What the task requires – Print every line from the start of the data, and when you reach the line with "Ve zvýšeném přízemí", include it and stop. Pictures are not part of the copy.

Listed records –
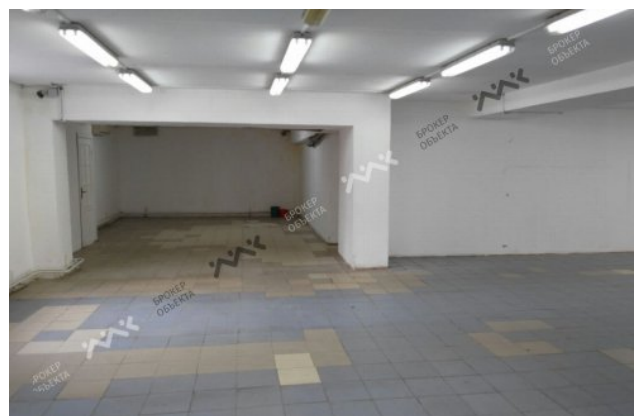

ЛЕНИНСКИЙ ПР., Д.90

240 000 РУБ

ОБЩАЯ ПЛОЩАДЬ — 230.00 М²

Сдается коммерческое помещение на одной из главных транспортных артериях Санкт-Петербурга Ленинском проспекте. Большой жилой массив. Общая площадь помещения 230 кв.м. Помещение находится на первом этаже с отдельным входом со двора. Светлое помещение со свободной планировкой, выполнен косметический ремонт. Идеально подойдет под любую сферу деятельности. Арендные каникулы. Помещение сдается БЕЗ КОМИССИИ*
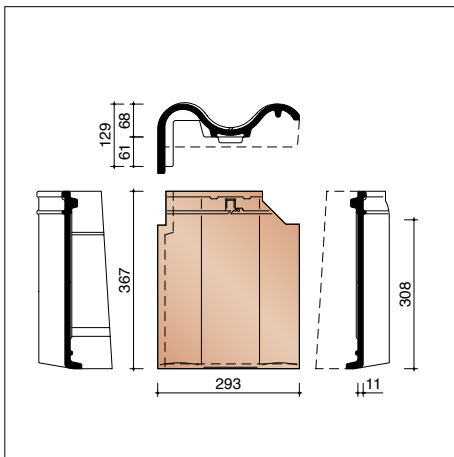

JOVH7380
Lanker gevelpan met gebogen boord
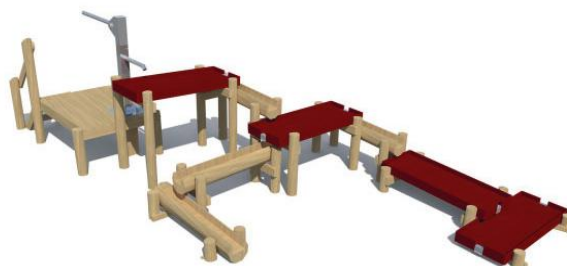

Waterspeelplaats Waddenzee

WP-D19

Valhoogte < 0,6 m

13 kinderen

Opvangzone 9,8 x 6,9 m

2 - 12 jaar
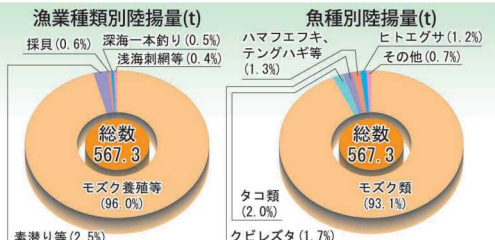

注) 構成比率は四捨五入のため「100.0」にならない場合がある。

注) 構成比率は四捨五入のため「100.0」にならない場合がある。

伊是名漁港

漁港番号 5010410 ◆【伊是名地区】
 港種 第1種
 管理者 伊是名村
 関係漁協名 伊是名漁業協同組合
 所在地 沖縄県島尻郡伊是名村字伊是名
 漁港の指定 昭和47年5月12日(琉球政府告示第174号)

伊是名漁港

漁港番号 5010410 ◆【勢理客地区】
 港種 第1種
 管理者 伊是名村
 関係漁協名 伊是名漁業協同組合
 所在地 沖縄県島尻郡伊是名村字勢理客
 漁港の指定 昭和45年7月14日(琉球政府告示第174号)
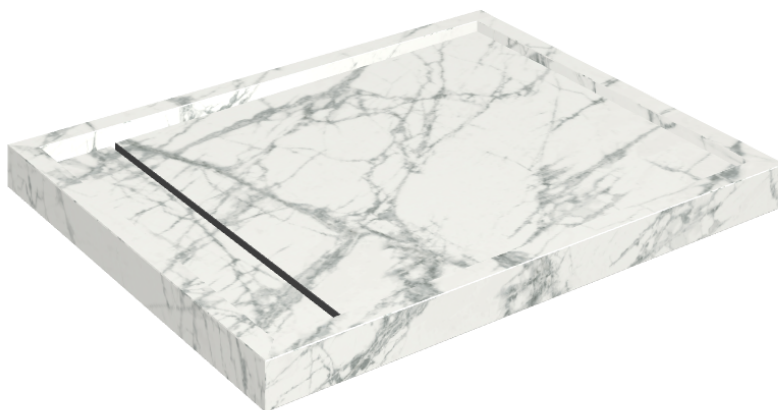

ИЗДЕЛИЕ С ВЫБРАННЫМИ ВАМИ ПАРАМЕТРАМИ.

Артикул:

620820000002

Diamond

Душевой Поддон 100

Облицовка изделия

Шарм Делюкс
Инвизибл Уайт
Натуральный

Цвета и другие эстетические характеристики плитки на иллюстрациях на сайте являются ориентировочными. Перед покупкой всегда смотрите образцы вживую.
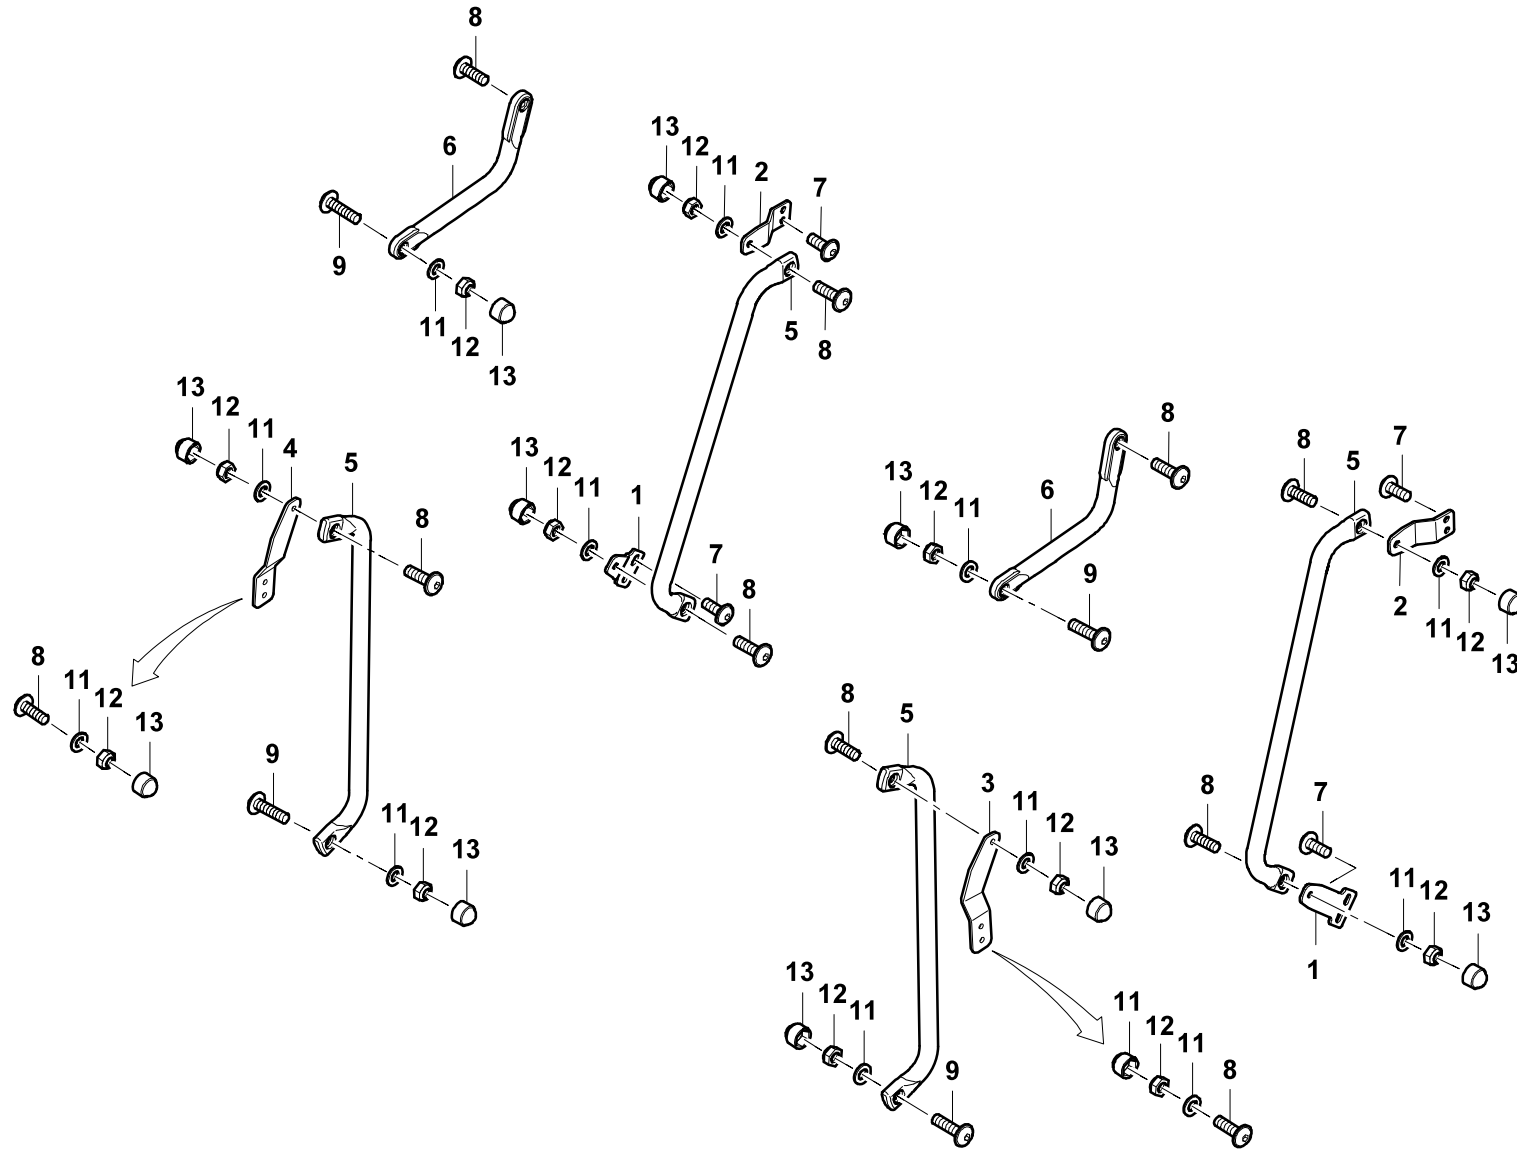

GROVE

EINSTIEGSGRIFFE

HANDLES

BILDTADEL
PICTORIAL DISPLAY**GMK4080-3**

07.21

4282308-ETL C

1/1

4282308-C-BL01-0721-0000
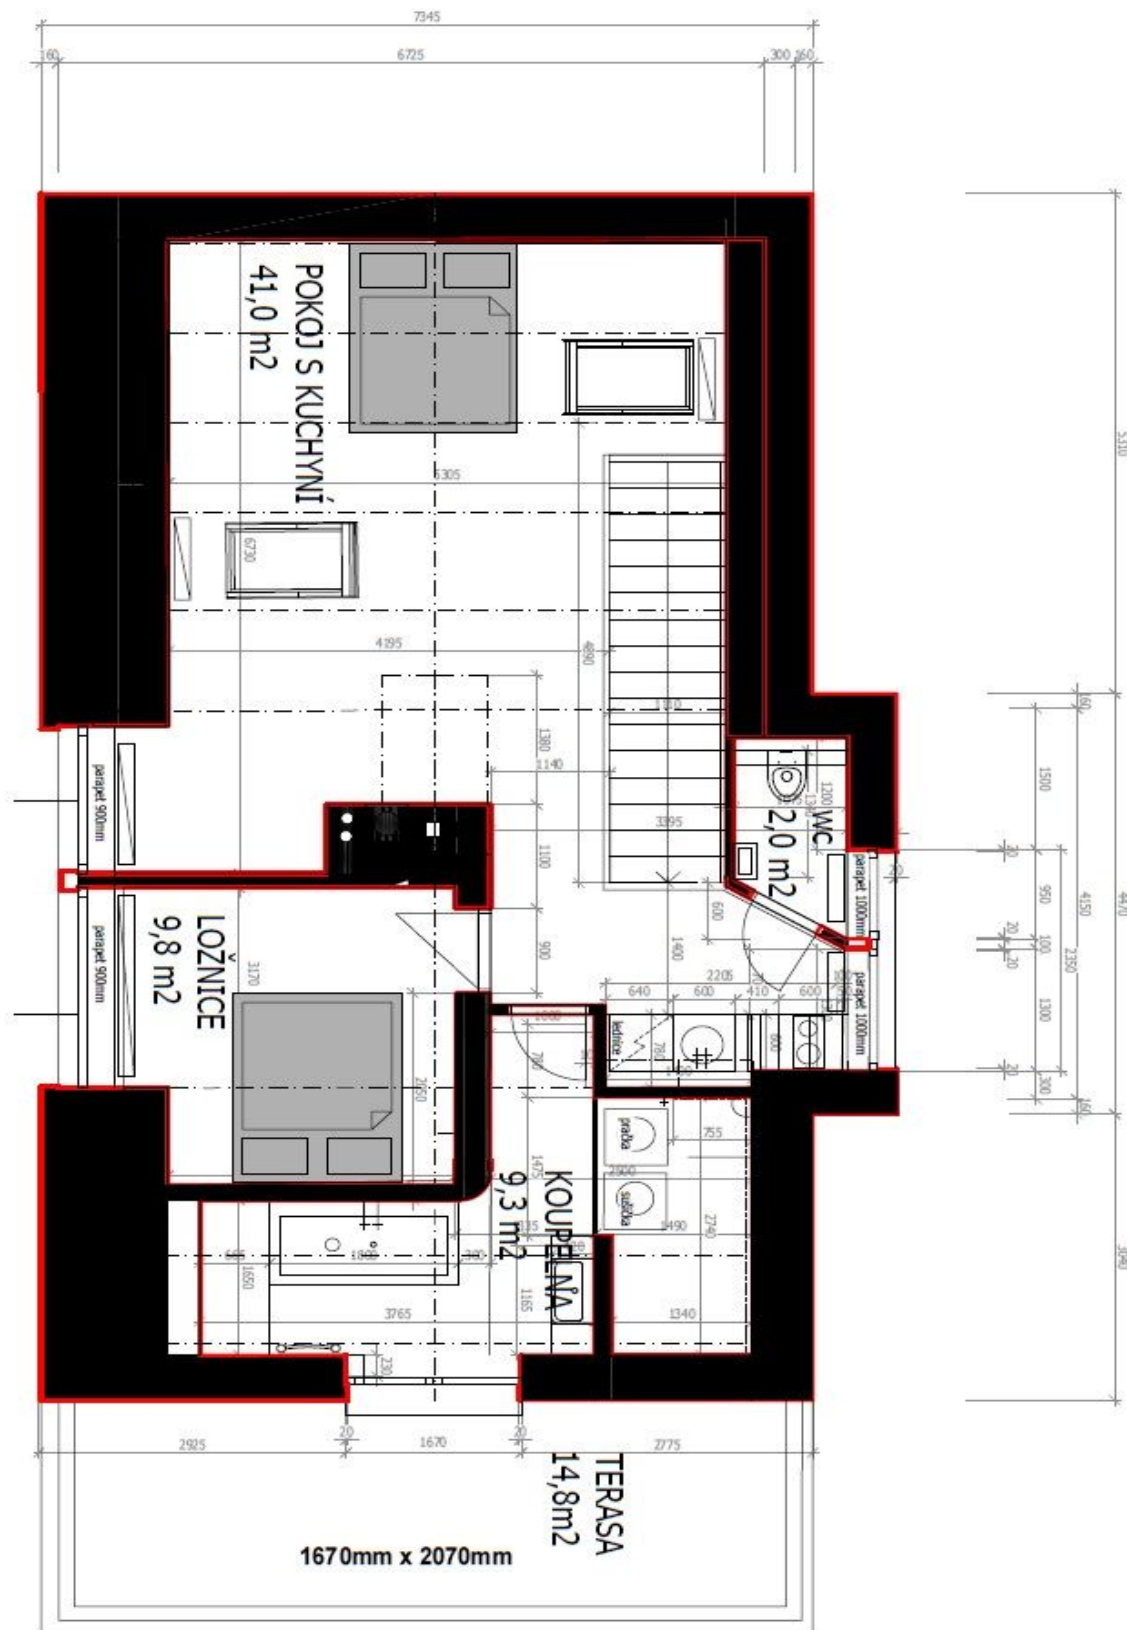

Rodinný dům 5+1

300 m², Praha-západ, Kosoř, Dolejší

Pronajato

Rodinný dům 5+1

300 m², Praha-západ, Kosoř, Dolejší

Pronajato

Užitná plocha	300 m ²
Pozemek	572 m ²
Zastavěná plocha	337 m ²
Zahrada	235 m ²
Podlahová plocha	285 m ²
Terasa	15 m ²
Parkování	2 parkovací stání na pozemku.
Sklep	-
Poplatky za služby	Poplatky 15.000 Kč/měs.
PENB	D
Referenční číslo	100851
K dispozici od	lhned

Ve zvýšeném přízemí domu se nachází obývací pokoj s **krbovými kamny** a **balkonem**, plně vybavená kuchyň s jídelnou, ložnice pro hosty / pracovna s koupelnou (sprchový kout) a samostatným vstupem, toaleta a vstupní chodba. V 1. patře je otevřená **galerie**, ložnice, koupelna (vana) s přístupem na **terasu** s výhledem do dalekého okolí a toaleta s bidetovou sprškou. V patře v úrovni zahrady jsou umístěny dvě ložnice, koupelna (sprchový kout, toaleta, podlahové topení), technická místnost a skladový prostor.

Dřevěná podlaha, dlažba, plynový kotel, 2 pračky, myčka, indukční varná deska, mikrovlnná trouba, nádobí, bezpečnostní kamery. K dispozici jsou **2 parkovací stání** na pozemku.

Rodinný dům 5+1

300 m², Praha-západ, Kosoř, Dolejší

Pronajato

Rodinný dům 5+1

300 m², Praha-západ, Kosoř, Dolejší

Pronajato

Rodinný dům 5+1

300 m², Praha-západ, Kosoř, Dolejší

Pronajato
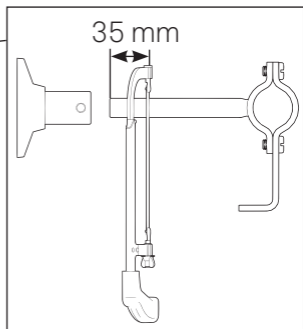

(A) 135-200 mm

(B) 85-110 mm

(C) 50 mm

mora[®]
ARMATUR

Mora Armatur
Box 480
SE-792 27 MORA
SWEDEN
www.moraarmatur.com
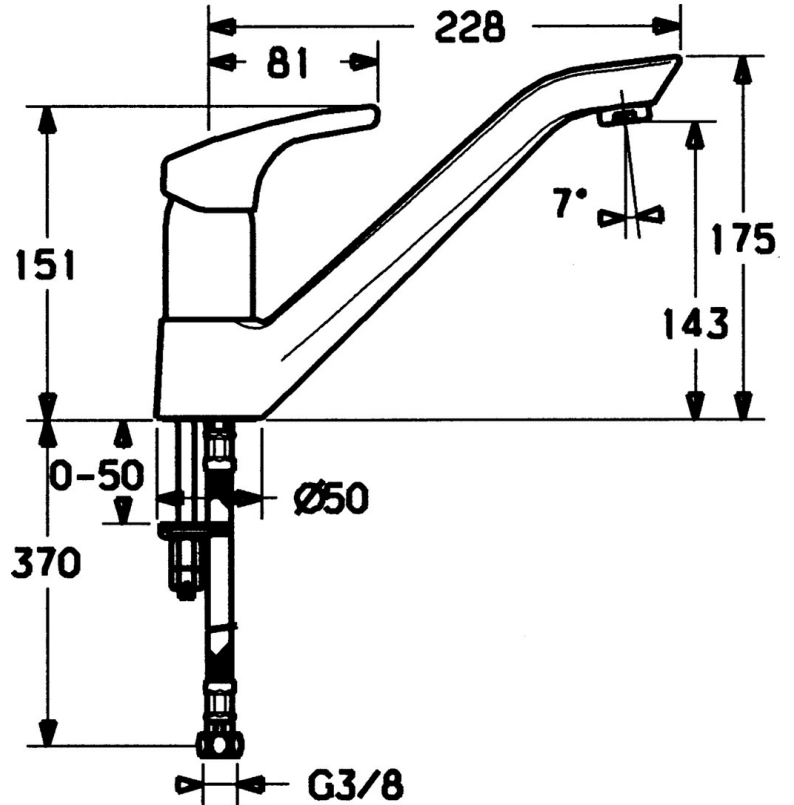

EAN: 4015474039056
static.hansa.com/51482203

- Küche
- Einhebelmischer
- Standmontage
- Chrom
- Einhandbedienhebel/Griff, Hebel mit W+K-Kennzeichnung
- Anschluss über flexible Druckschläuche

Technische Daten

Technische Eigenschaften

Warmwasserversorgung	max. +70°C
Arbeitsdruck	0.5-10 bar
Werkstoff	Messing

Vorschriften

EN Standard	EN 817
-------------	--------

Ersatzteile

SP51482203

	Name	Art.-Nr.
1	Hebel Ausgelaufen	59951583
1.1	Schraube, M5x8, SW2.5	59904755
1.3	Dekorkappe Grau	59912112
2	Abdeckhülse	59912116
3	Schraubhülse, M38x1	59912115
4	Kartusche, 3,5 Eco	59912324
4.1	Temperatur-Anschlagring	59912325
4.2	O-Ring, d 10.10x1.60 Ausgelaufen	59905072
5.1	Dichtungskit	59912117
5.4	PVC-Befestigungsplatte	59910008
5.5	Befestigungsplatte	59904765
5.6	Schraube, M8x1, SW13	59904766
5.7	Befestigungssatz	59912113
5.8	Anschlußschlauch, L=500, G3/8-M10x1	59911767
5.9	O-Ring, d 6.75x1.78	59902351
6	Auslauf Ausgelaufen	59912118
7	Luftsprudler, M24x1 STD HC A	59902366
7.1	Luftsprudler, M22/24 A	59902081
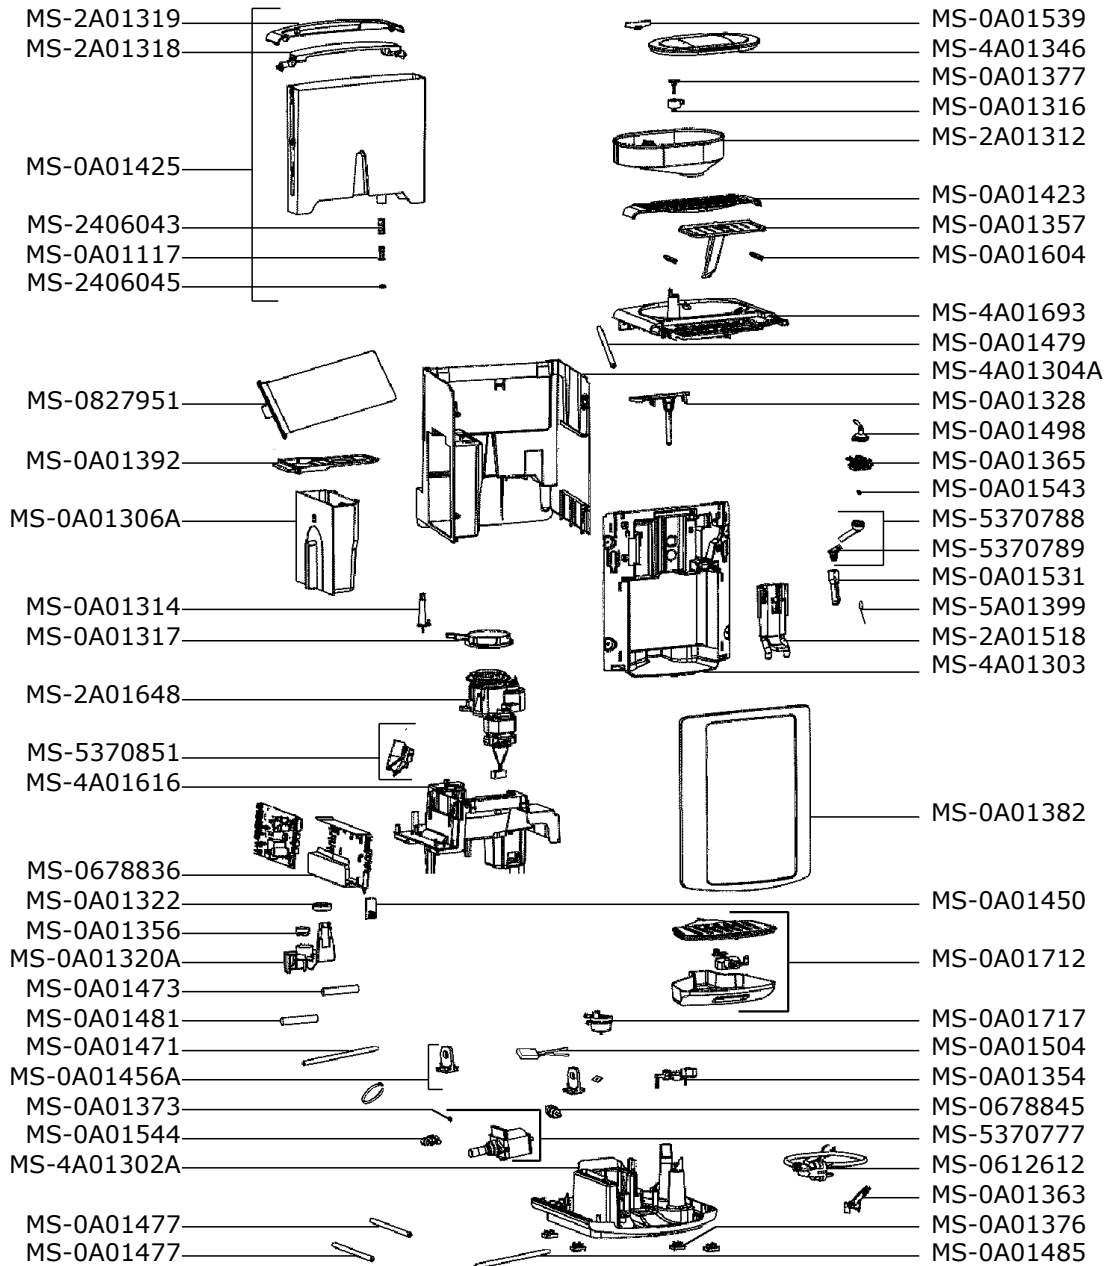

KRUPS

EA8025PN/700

Written solution –
ЛЕНИНСКИЙ ПР., Д.90

240 000 РУБ

ОБЩАЯ ПЛОЩАДЬ — 230.00 М²

Сдается коммерческое помещение на одной из главных транспортных артериях Санкт-Петербурга Ленинском проспекте. Большой жилой массив. Общая площадь помещения 230 кв.м. Помещение находится на первом этаже с отдельным входом со двора. Светлое помещение со свободной планировкой, выполнен косметический ремонт. Идеально подойдет под любую сферу деятельности. Арендные каникулы. Помещение сдается БЕЗ КОМИССИИ*

JOVH7380
Lanker gevelpan met gebogen boord

Waterspeelplaats Waddenzee

WP-D19

Valhoogte < 0,6 m

13 kinderen

Opvangzone 9,8 x 6,9 m

2 - 12 jaar

注) 構成比率は四捨五入のため「100.0」にならない場合がある。

注) 構成比率は四捨五入のため「100.0」にならない場合がある。

伊是名漁港

漁港番号 5010410 ◆【伊是名地区】
 港種 第1種
 管理者 伊是名村
 関係漁協名 伊是名漁業協同組合
 所在地 沖縄県島尻郡伊是名村字伊是名
 漁港の指定 昭和47年5月12日(琉球政府告示第174号)

伊是名漁港

漁港番号 5010410 ◆【勢理客地区】
 港種 第1種
 管理者 伊是名村
 関係漁協名 伊是名漁業協同組合
 所在地 沖縄県島尻郡伊是名村字勢理客
 漁港の指定 昭和45年7月14日(琉球政府告示第174号)

ИЗДЕЛИЕ С ВЫБРАННЫМИ ВАМИ ПАРАМЕТРАМИ.

Артикул:

620820000002

Diamond

Душевой Поддон 100

Облицовка изделия

Шарм Делюкс
Инвизибл Уайт
Натуральный

Цвета и другие эстетические характеристики плитки на иллюстрациях на сайте являются ориентировочными. Перед покупкой всегда смотрите образцы вживую.

GROVE

EINSTIEGSGRIFFE

HANDLES

BILDTADEL
PICTORIAL DISPLAY**GMK4080-3**

07.21

4282308-ETL C

1/1

4282308-C-BL01-0721-0000

Rodinný dům 5+1

300 m², Praha-západ, Kosoř, Dolejší

Pronajato

Rodinný dům 5+1

300 m², Praha-západ, Kosoř, Dolejší

Pronajato

Užitná plocha	300 m ²
Pozemek	572 m ²
Zastavěná plocha	337 m ²
Zahrada	235 m ²
Podlahová plocha	285 m ²
Terasa	15 m ²
Parkování	2 parkovací stání na pozemku.
Sklep	-
Poplatky za služby	Poplatky 15.000 Kč/měs.
PENB	D
Referenční číslo	100851
K dispozici od	lhned

Ve zvýšeném přízemí domu se nachází obývací pokoj s **krbovými kamny** a **balkonem**, plně vybavená kuchyň s jídelnou, ložnice pro hosty / pracovna s koupelnou (sprchový kout) a samostatným vstupem, toaleta a vstupní chodba. V 1. patře je otevřená **galerie**, ložnice, koupelna (vana) s přístupem na **terasu** s výhledem do dalekého okolí a toaleta s bidetovou sprškou. V patře v úrovni zahrady jsou umístěny dvě ložnice, koupelna (sprchový kout, toaleta, podlahové topení), technická místnost a skladový prostor.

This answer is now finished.